Webhooks allow you to specify a backend endpoint that Privy will call with a signed payload whenever a user makes an action in your application, such as logging in, or linking a new account. As soon as you register an endpoint, Privy will start sending subscribed events in near real-time.
Registering an endpoint
In your backend, create a new endpoint that will accept POST requests from Privy
TIP
When creating your endpoint to receive webhook events, always verify the payload signature by following our @privy-io/server-auth webhook documentation.

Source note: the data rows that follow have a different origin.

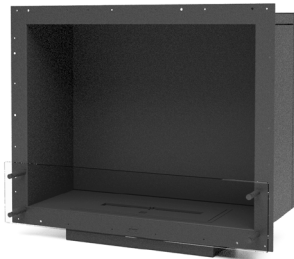

770 Concept

Model

GlammBox 770 Concept

Material

Lacquered steel
Stainless Steel

Finishings

Brushed stainless steel (+€672,98)
Black lacquered stainless steel

Burner

Burner III (+€96,88 for the
lacquered finishing)

Dimensions

Exterior W890 x D348 x H764 mm
Interior W770 x D315 x H600 mm
Exterior W35 x D13.7 x H30.1 "
Interior W30.3 x D12.4 x H23.6 "

Weight

48 kg | 105.8 lbs

Power

4.5 kW

Accessories

Frame "U" (+€325,52)
Frame "L" (+€244,14)

Code: PJ00072

Standard unit price (black lacquered stainless steel)

€3.062,73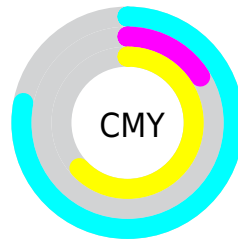

A 20% lighter version of the original color is **126, 255, 148**, and **0, 158, 43** is the 20% darker color. If you saturate the color by 10%, you get **36, 214, 79**, and if you desaturate by 10%, it is **78, 214, 111**.

# Distribution

- Red (22%)
- Green (84%)
- Blue (37%)

- Red (22%)
- Yellow (72%)
- Blue (84%)

- Cyan (73%)
- Magenta (0%)
- Yellow (56%)
- Black (16%)

- Cyan (78%)
- Magenta (16%)
- Yellow (63%)

# Brightness & Saturation Gradients

These gradients show how the RGB color 57, 214, 95 changes by changing the brightness by 10 percent. The first figure shows a shift by +10% for each color and the second figure -10%.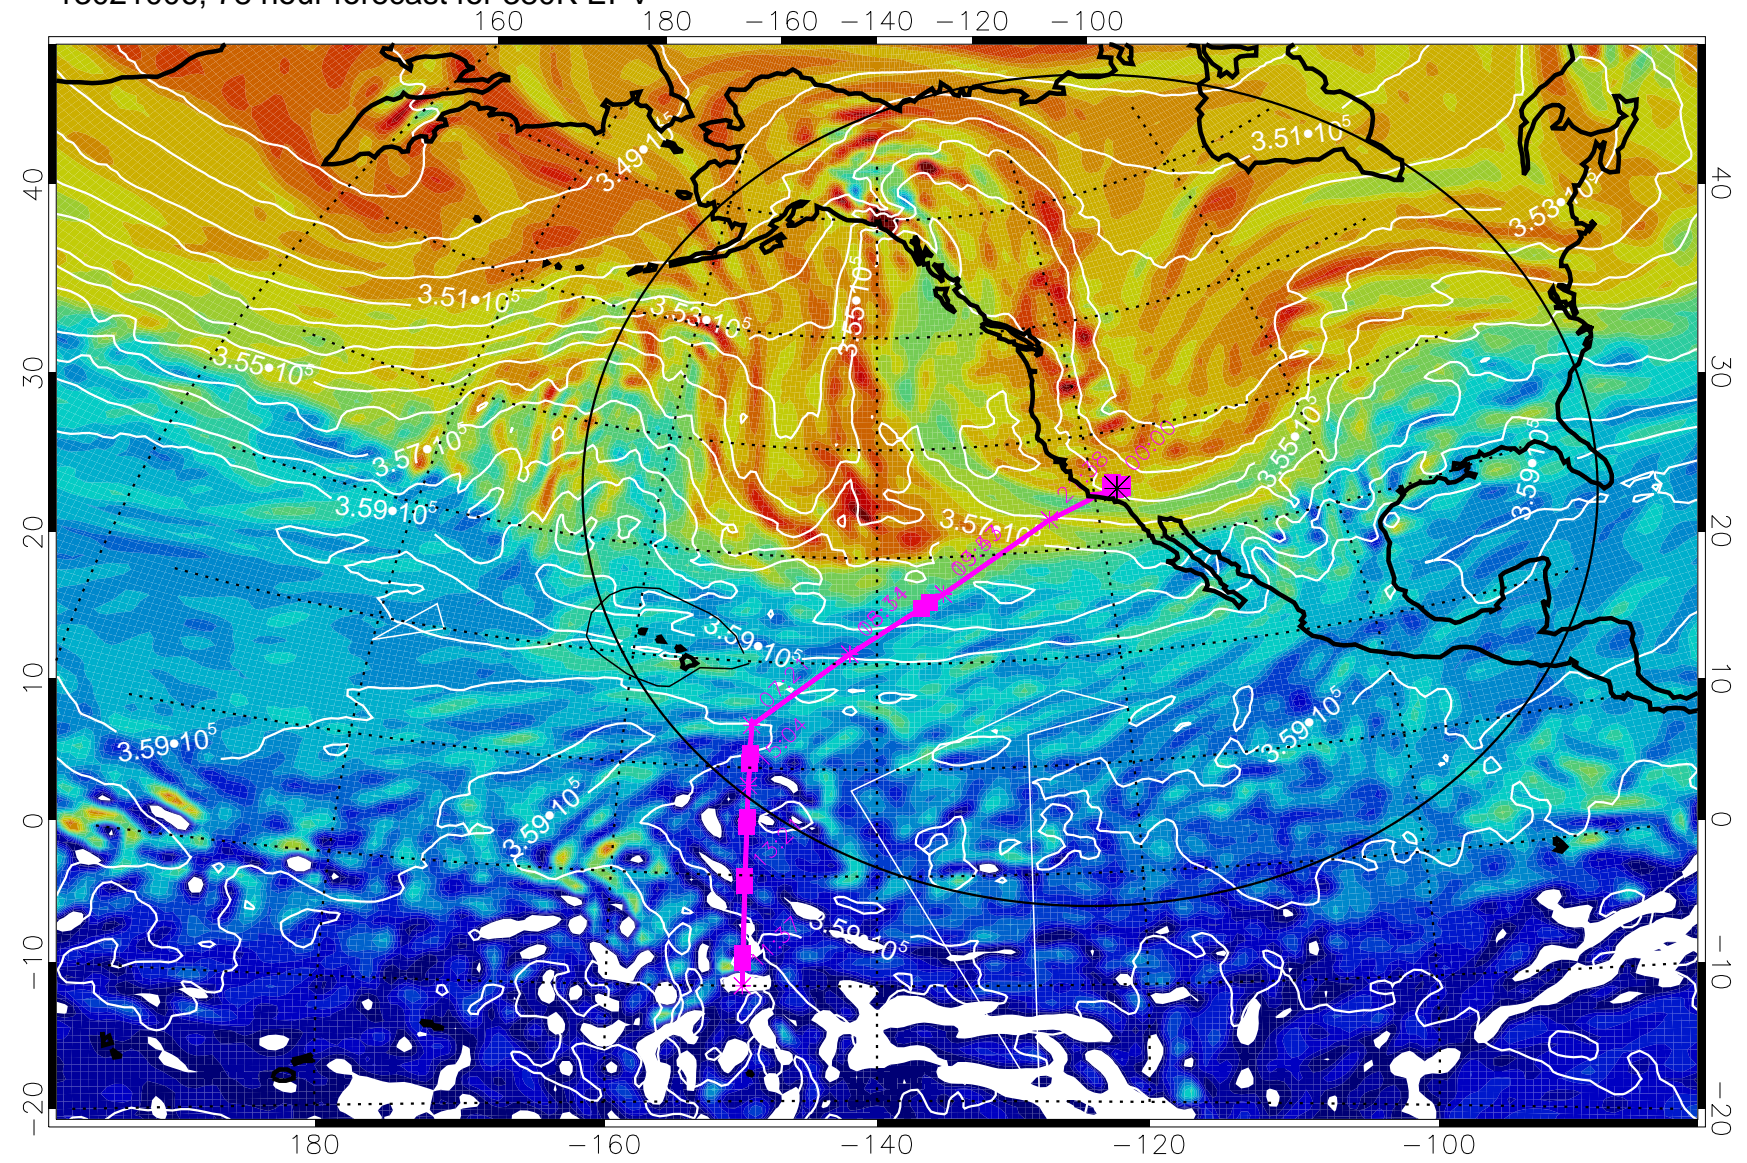

13020906, 54 hour forecast for 380K EPV

380K Montgomery Streamfunction, white

Range ring of 4055 km -- 13 hours GH round trip

13020912, 60 hour forecast for 380K EPV

380K Montgomery Streamfunction, white

Range ring of 4055 km -- 13 hours GH round trip

13020918, 66 hour forecast for 380K EPV

380K Montgomery Streamfunction, white

Range ring of 4055 km -- 13 hours GH round trip

13021000, 72 hour forecast for 380K EPV

160 180 -160 -140 -120 -100

380K Montgomery Streamfunction, white

Range ring of 4055 km -- 13 hours GH round trip

13021006, 78 hour forecast for 380K EPV

380K Montgomery Streamfunction, white

Range ring of 4055 km -- 13 hours GH round trip

13021018, 90 hour forecast for 380K EPV

380K Montgomery Streamfunction, white

Range ring of 4055 km -- 13 hours GH round trip

13021100, 96 hour forecast for 380K EPV

160 180 -160 -140 -120 -100

380K Montgomery Streamfunction, white

Range ring of 4055 km -- 13 hours GH round trip

In the dashboard settings page, go to the webhooks tab
Add your new endpoint as the destination URL and select any event types you'd like to be notified for
You can specify which user events your webhook endpoint will be notified about. The options are as follows:
| Event Name | Type | Action |
|---|---|---|
| User created | user.created | A user was created in the application. |
| User authenticated | user.authenticated | A user successfully logged into the application. |
| User linked account | user.linked_account | A user successfully linked a new login method. |
| User unlinked account | user.unlinked_account | A user successfully unlinked an existing login method. |
| User updated account | user.updated_account | A user successfully updates the email or phone number linked to their account. |
That's it! You've successfully configured webhooks for your app. 🎉
Webhook example payloads
Webhook payloads have two different formats. Both formats include a user object that is the same structure as what the user REST API returns. For webhook events that involve an account change, we will include an account object that represents the changed account. For example, in a user.unlinked_account event, the account value will be the account that was just removed, so it will no longer exist on the user.

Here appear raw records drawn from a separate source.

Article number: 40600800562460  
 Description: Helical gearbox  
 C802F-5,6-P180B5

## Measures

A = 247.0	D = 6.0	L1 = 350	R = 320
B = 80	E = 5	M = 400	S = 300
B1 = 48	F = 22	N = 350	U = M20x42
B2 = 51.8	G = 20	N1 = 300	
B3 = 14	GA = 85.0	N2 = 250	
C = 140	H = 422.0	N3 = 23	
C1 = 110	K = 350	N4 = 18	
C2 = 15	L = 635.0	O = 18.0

Example payload for user.created:
json
{ "type": "user.created", "user": { "created_at": 969628260, "has_accepted_terms": false, "id": "did:privy:cfbsvtqo2c22202mo08847jdux2z", "is_guest": false, "linked_accounts": [ { "address": "[emailprotected]", "first_verified_at": 969628260, "latest_verified_at": 969628260, "type": "email", "verified_at": 969628260 } ], "mfa_methods": [] }}Example payload for user.authenticated, user.linked_account, user.unlinked_account, and user.updated_account:
json
{ "type": "user.authenticated", "account": { "address": "[emailprotected]", "first_verified_at": 969628260, "latest_verified_at": 969628260, "type": "email", "verified_at": 969628260 }, "user": { "created_at": 969628260, "has_accepted_terms": false, "id": "did:privy:cfbsvtqo2c22202mo08847jdux2z", "is_guest": false, "linked_accounts": [ { "address": "[emailprotected]", "first_verified_at": 969628260, "latest_verified_at": 969628260, "type": "email", "verified_at": 969628260 } ], "mfa_methods": [] }}Example payload for privy.test (test webhooks sent by the dashboard):
json
{ "type": "privy.test", "message": "Hello, World!"}Webhook signing key
The webhook signing key is necessary to verify that the payloads sent to your endpoint are from Privy. Follow the steps here in order to set up webhook verification in your backend.
Testing the webhook endpoint
Clicking the Test endpoint button once webhooks are configured for your application will trigger a test webhook to be sent to your endpoint of type privy.test with a string payload. You can use this to verify that your webhook endpoint is successfully receiving payloads from Privy.
Advanced
Enable CAPTCHA and Android key hashes in advanced settings.